The defendants are South Florida's Padilla and a quartet of alleged Muslim fundamentalist ne'er-do-wells: Hassoun, Daher, Mohamed Hesham Youssef, and Kifah Wael Jayyousi. Federal prosecutors allege the Brooklyn-born Padilla and his cohorts, including ringleader and Broward County resident Hassoun, raised tens of thousands of dollars to train and arm Islamic terrorists overseas.

On June 9, 2002, Padilla became the first U.S. citizen to be declared an enemy combatant — a controversial distinction that removed his protections under the U.S. Constitution and Geneva Conventions. He was locked up for three and a half years in a navy brig without access to an attorney. Now, though, Padilla has been transferred to Miami as one of five defendants who allegedly made up a terror cell rooted in suburban South Florida. (Daher is now in hiding in Lebanon. All others are in custody.)

Although much of the federal government's evidence against the alleged terrorists remains under seal owing to claims of national security, the public has been offered small glimpses in government reports available at the federal courthouse in Miami and in previously unseen records from the Broward State Attorney's Office in Fort Lauderdale.

Before he entered the world of big-time terrorism, Padilla flashed his piece, ran his mouth, and beat up on a few prison guards.
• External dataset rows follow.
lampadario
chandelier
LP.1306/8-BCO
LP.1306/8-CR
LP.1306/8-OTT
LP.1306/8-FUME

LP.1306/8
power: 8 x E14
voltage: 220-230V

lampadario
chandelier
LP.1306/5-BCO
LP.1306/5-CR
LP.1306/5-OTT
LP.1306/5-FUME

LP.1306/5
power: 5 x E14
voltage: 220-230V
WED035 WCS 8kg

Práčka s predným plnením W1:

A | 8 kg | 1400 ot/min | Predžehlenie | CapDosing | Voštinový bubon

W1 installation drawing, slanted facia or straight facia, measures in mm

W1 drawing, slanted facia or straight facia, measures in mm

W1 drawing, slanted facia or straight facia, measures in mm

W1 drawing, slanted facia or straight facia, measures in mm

Later, according to wiretaps, he was trained in terrorism camps overseas. He traveled throughout the Middle East and to Afghanistan, where he allegedly met with one of Osama bin Laden's lieutenants. Wiretaps suggest Padilla was well funded as he trained and met with various organizations and people affiliated with al-Qaeda.

Yet the federal government seems to be having a difficult time proving Padilla was as dangerous as once believed — or even a terrorist at all. Of the more than 1000 pages of court documents that have been unsealed, most highlight the case's ambiguities. The prosecutors' weak case was diminished further last month when U.S. District Judge Marcia G. Cooke threw out the government's sole terrorism count: that the five men conspired to murder, kidnap, and maim persons in a foreign country. The decision, which is now under appeal and could delay the trial, hamstrings federal prosecutors. Without the charge, Padilla and his alleged allies-in-terror face a maximum of only fifteen years in the federal pen.
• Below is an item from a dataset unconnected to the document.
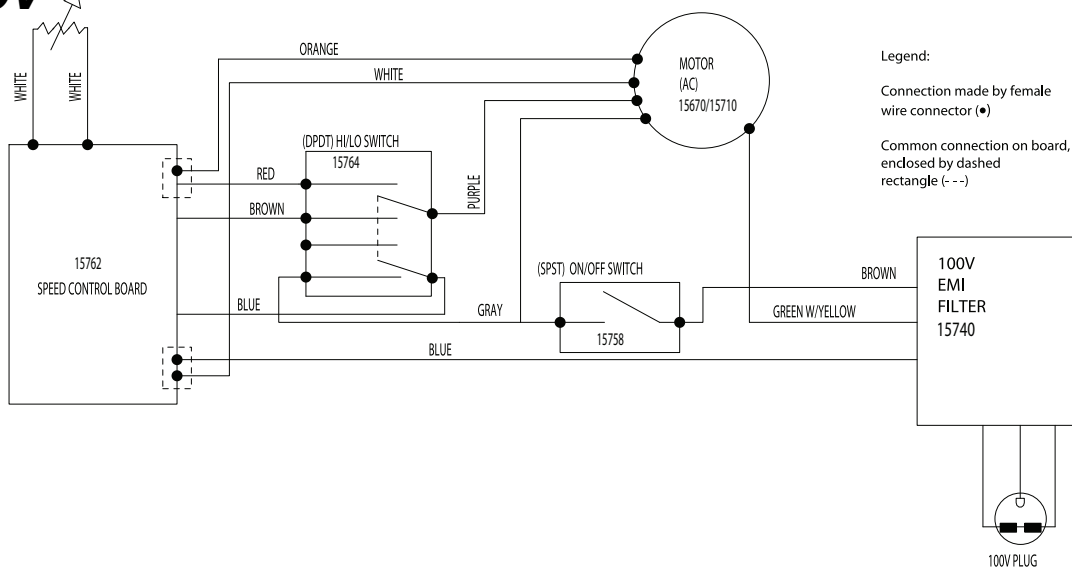

*Machines before Serial No. 000768A059210356

Variable Speed Drink Machine, Vita-Prep® 3, Vita-Prep® & Vita-Pro® Wiring Diagrams

100V

120V

120V EMC

Imagine the absurdity if the man once said to have the means to detonate a nuclear device in one of America's most densely populated urban areas — the first U.S. citizen to have his Constitutional rights stripped away by presidential decree — got no more than ten years in the clink.

In portraying Padilla as an evil mastermind behind a plot to kill thousands, the federal government forgot one thing: He's just a punk. Federal and state court records prove that much.


They called him "Pucho." As a little boy, Jose Padilla was chunky. Born in Brooklyn to Estela Ortega Lebron, a widowed mother of Puerto Rican descent, he grew up in New York and then moved to Chicago's West Side when he was in his early teens.

There the young Pucho began to run with members of the Latin Kings. Because he was a juvenile at the time, details of his early criminal life in Chicago are difficult to obtain. The Chicago Sun-Times reported he was arrested five times in the Windy City from 1985 to 1991. At age fourteen he was incarcerated in a juvenile detention center for his role in the stabbing death of a Mexican immigrant in Chicago. He was released in May 1998, six months before his eighteenth birthday.

In 1991 the 21-year-old Padilla followed his mother to South Florida. She lived in Plantation, he in Sunrise. Padilla held various jobs at local hotels. It was in Broward County that he met Cherie Stultz, who had emigrated from Jamaica. They began dating.

But the relationship didn't help Padilla shake his old ways.